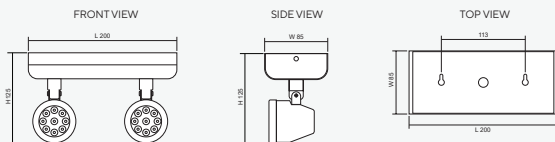

Recessed Ceiling Mounted (R)

Dimensions (mm)

Product Overview

โคม Remote Lamp ชนิดติดตั้งแบบ ฝังฝ้า/ติดลอย/ติดผนัง รุ่น RCD Series (Double Lamp) ดวงโคมสามารถปรับทิศทางของลำแสงได้สองแบบคือ ในทิศทางซ้าย/ขวา สามารถปรับได้ประมาณ 180 องศา และ มุมก้มเงยสามารถปรับได้ประมาณ 45 องศา ในลักษณะการติดตั้งใช้งานจริง โดยทำงานร่วมกับ หลอด LED MR16 GU5.3 และรับพลังงานไฟฟ้าจากระบบตู้ควบคุมไฟฟ้าแสงสว่างฉุกเฉิน Central Battery Systems ขนาด 220VAC กรณีไฟฟ้าดับจะให้แสงสว่างฉุกเฉินเพื่อการหนีภัย

Surface Ceiling Mounted (C)

Dimensions (mm)

Technical Specifications

Operating Temperature	10 to 50°C
Input Voltage	220 - 240VAC/ 50Hz
LED Lamp Power	9W / Bulb
Luminous Intensity	810 lm / Bulb
Bulb Type	LED MR16
Base	GU5.3
Color Temperature	Warm White (3000K ± 250K) Daylight (6000K ± 250K)
Color Rendering Index	>80
Lamp Life Time	50,000 Hrs
Rated Beam Angle	50Deg
Degree of Protection	IP20
Dimension LxWxH	- Recessed Ceiling 205 x 102 x 130 mm - Surface Ceiling 200 x 85 x 125 mm - Surface Wall 200 x 76 x 155 mm
Material	Electro-galvanized steel sheet 1mm. thick with epoxy powder coating
Weight	- Recessed Ceiling 0.82 Kg - Surface Ceiling 0.71 Kg - Surface Wall 0.73 Kg
Hole cut LxW	- Recessed Ceiling L185 x W55 mm - Surface Ceiling - - Surface Wall -
Mounted	Recessed / Surface Ceiling / Surface Wall

Surface Wall Mounted (W)

Dimensions (mm)
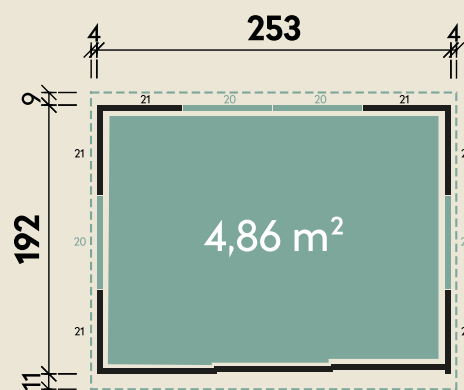

Mehr Produkte finden Sie
in unserem Katalog!

Art.-Nr. 420 400/420 420*

DIMENSIONEN

	Sockelmaß	253 x 192 cm
	Gesamtmaß	261 x 213 cm
	Grundfläche	4,86 m ²
	Rauminhalt	10,1 m ³
	Seitenwandhöhe v/h	211/206 cm
	Dachüberstand vorne/seitlich/hinten	11/ 4/ 9 cm
	Dachneigung	1,8 °
	Dachfläche	5,6 m ²

TÜREN & FENSTER

	Schiebetür (beidseitig verwendbar)	146 x 187 cm
--	---------------------------------------	--------------

VERPACKUNG

	Paketmaß	
	Paket 1	210 x 100 x 220 cm
	Gesamtgewicht	302 kg

ZUBEHÖR

2 Regalfächer
T46 x B122 cm
Fußboden
Fahrradhalter Wand 20/21
Gerätehalter Wand 20/21

Narja 2519

Korpus und Tür in Rauchgrau

Set inkl. Fußboden, 2 Regalfächer & Gerätehalter 20
*ohne Regale & Boden

253 x 192 cm | 4,86 m²

Die UVP-Preise finden Sie in der Preisliste oder unter:
www.finnhaus.de/downloads.php
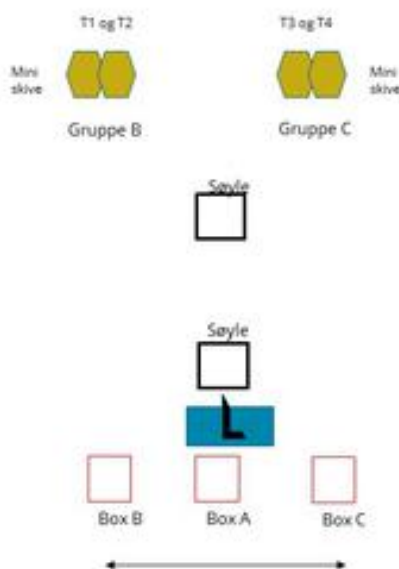

1. Trekanten

Stage 1

Option 1

Start i A. Engasjer T1 og T2.
T3 engasjeres fra Box C.
T4 engasjeres fra Box B.

Pistol: Avstand til Box B/C = 10m

Rifle: Avstand til Box B/C = 20m

NS dekker halve T2.

CoF	Comstock - Short	Points	40 p
Targets	4 paper, 1 no-shoot, Total 4 targets	Min rounds	8
Firearm	Handgun	Match-%	28.57%

Procedure	Start i A. Engasjer T1 og T2. T3 engasjeres fra Box C. T4 engasjeres fra Box B. Avstand til Box B/C = 10m Avstand Box B/C til Box A: 2 m NS dekker halve T2.
Starting position	Gun loaded & holstered
Firearm ready condition	Option 1
Start on	Audible signal
Stop on	Last shot
Penalties	As per current edition of rules
Safety angles	L/R
Setup notes	

2. Pick up and move

Stage 2

Option 3

Start foran bord. Våpen liggende på bord. Magasin på kropp. Obligatorisk magbytte mellom Box B/C.

Engasjer Gruppe B i Box B.

Engasjer Gruppe C i Box C.

Pistol: Bord bak første søyle.
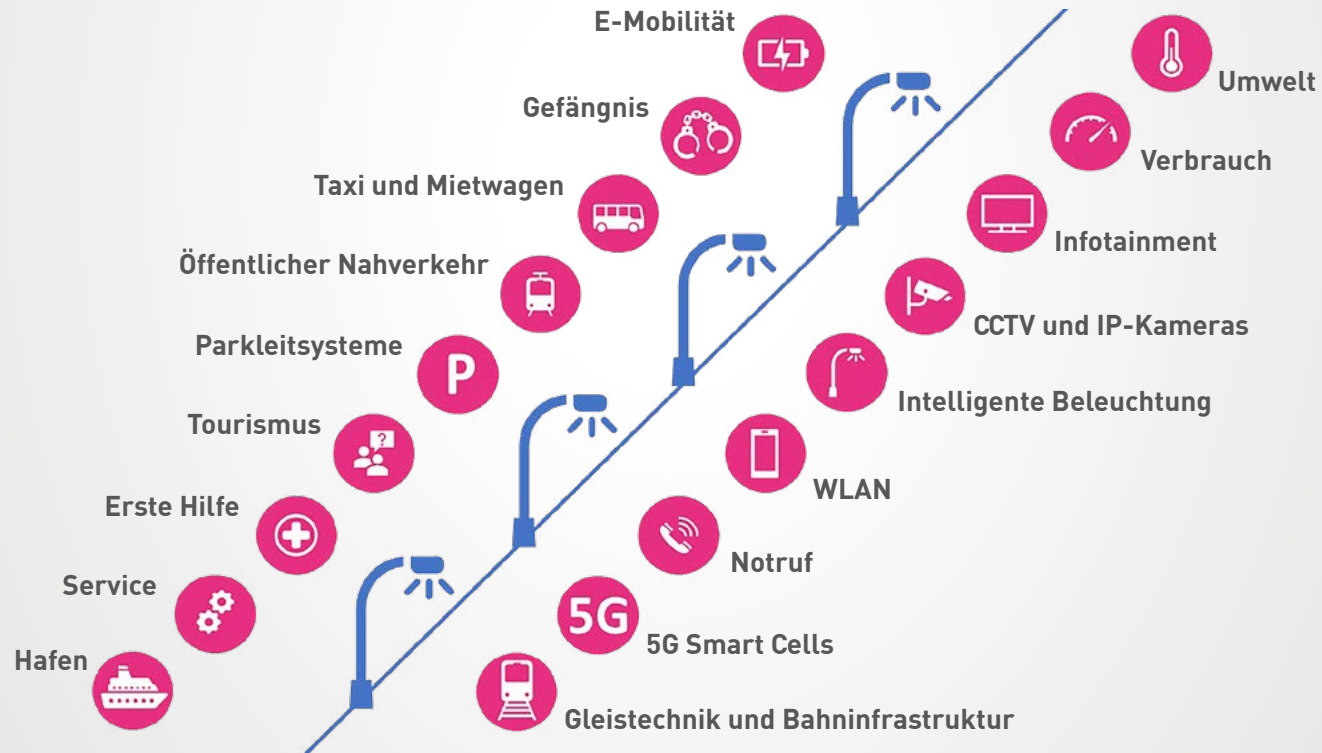

Smart Poles - nicht nur erleuchtend sondern auch kommunikativ

Integriert in bereits existierende Lichtmaste, eröffnet pe-light Ihnen eine enorme Vielzahl an Anwendungsmöglichkeiten: Ob Security, Infotainment oder E-Mobility:

pe-light trägt dazu bei, dass Smart City kein Wunsch bleibt, sondern Realität wird.

Produktmatrix

Allgemeines		Einsatzbereich		Ports		Spleißkassette	Spannungsversorgung	Temperaturbereich	Übertragungsgeschwindigkeit	Redundanz	Physik		Sonstiges	Zulassungen				
Produktname	Medienkonverter	Switch	Mast (min. 100 mm Innendurchmesser)	Mast (min. 120 mm Innendurchmesser)	Max. Anzahl RJ45	Max. Anzahl FX	Max. Anzahl Pigtails	230 VAC	Erweiterter Temperaturbereich -30 °C/+60 °C	Fast Ethernet (100 MBit/s)	Gigabit Ethernet (1000 MBit/s)	Ring (RSTP) / Ring (MRP)	POE (Spannungsquelle / PSE)	POE+ (Spannungsquelle / PSE)	POE++ (Spannungsquelle / PSE)	Schutzart	Abmessung in mm (B x H x T)	CE

Passiv																			
Mastanschlussbox Passiv	PEL-P		●	—	0	0	12		●								IP 54	82 x 369 x 84	●
Medienkonverter																			
Mastanschlussbox Aktiv Fast Ethernet	PEL-M PEL-M2	●	●	—	1	1	12	●	●	●							IP 54	82 x 369 x 84 100 x 370 x 96	●
Mastanschlussbox Aktiv Fast Ethernet PoE	PEL-M PEL-M2	●	●	—	1	1	12	●	●	●		●	●				IP 54	82 x 369 x 84 100 x 370 x 96	●
Mastanschlussbox Aktiv Gigabit Ethernet	PEL-M PEL-M2	●	●	—	1	1	12	●	●	●	●						IP 54	82 x 369 x 84 100 x 370 x 96	●
Mastanschlussbox Aktiv Gigabit Ethernet PoE	PEL-M PEL-M2	●	●	—	1	1	12	●	●	●	●	●	●				IP 54	82 x 369 x 84 100 x 370 x 96	●
Managed Switch																			
Mastanschlussbox Aktiv Gigabit Ethernet Switch	PEL-S PEL-S2	●	●	—	4 (M12)	2	12	●	●		●	●	●	●	●	120W	IP 42	82 x 369 x 84 100 x 370 x 96	●
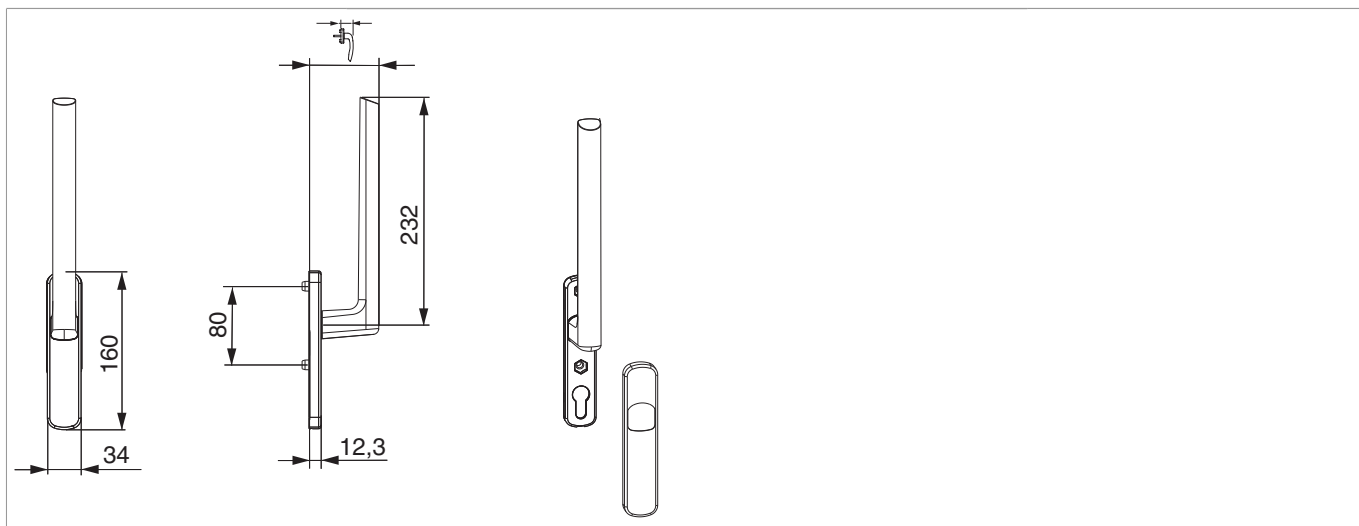

218399 - Ручка HS 12 внутренняя ручка внутрен.упорн.кольцо 10 без четырёхгранного штифта 10 белый RAL 9016 шелковисто-глянцевый

Технический чертёж

Цвет: белый RAL 9016	72	без штифта	10	Порошковое покрытие	1	218399

Рисунок продукта

218399 - Ручка HS 12 внутренняя ручка
внутрен.упорн.кольцо 10 без четырёхгранного штифта
10 белый RAL 9016 шелковисто-глянцевый

Схема сверления

Розетка с упорными кольцами Ø 10

218399 - Ручка HS 12 внутренняя ручка
внутрен.упорн.кольцо 10 без четырёхгранного штифта
10 белый RAL 9016 шелковисто-глянцевый
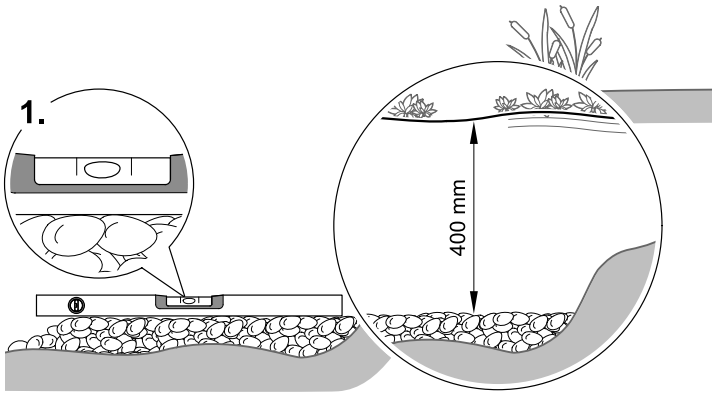

2"

PSM0001

| | | | | |
|-------------------------|--------|--------|--------------------|--|
| A Gravitation | DN 100 | | | |
| | | I | | |
| AquaMax Gravity Eco | 10000 | ≤ 10 m | = 6000 - 12500 l/h | |
| | 15000 | ≤ 15 m | | |

| | | | |
|---------------------|-------|-----------|--------------------|
| B Pump | | | |
| | | I | |
| AquaMax Eco Premium | 6000 | ≤ 5 m | = 6000 - 16000 l/h |
| | 8000 | ≤ 10 m | |
| | 12000 | ≤ 15 m | |
| | 16000 | 10 - 20 m | |
| | 20000 | 15 - 20 m | |
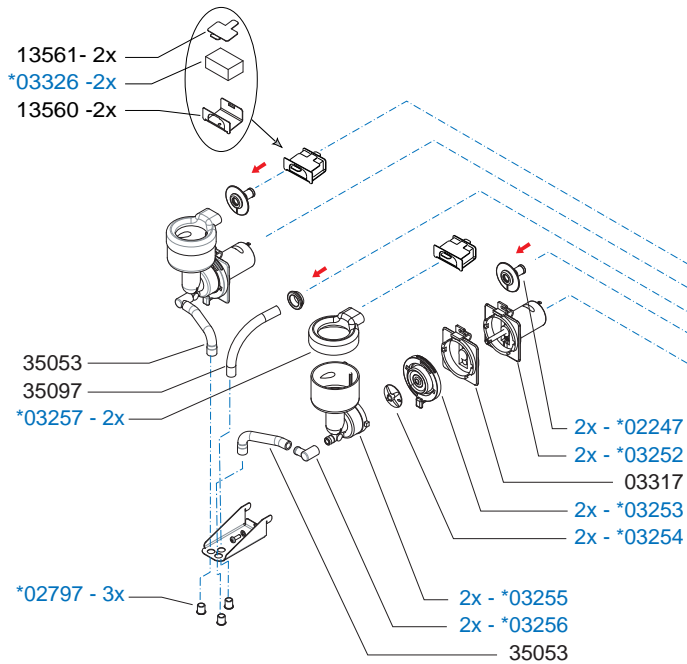

\* Recommended Spare Part

Type : OptiVend 4 TS - Model 2009 -  
 Artikelnummer : 10495

From mach. nr. : 2S 16207  
 Date : 05-2009

Page : 2 - 4  
 Rev. : 2

Drawer : RLF  
 Date : 06-04-2009

Rated voltage : 1N~ 220-240V 50-60Hz 3275W

**Spare Parts Info**

**Animo®**

[www.animo.eu](http://www.animo.eu)

\* Recommended Spare Part

Type : OptiVend 4 TS - Model 2009 -  
 Artikelnummer : 10495

From mach. nr. : 2S 16207  
 Date : 05-2009

Page : 3 - 4  
 Rev. : 2
════════════════
Which lines in the records above contain the word "AquaMax"? Return each of them.

| AquaMax Gravity Eco | 10000 | ≤ 10 m | = 6000 - 12500 l/h | |
| AquaMax Eco Premium | 6000 | ≤ 5 m | = 6000 - 16000 l/h |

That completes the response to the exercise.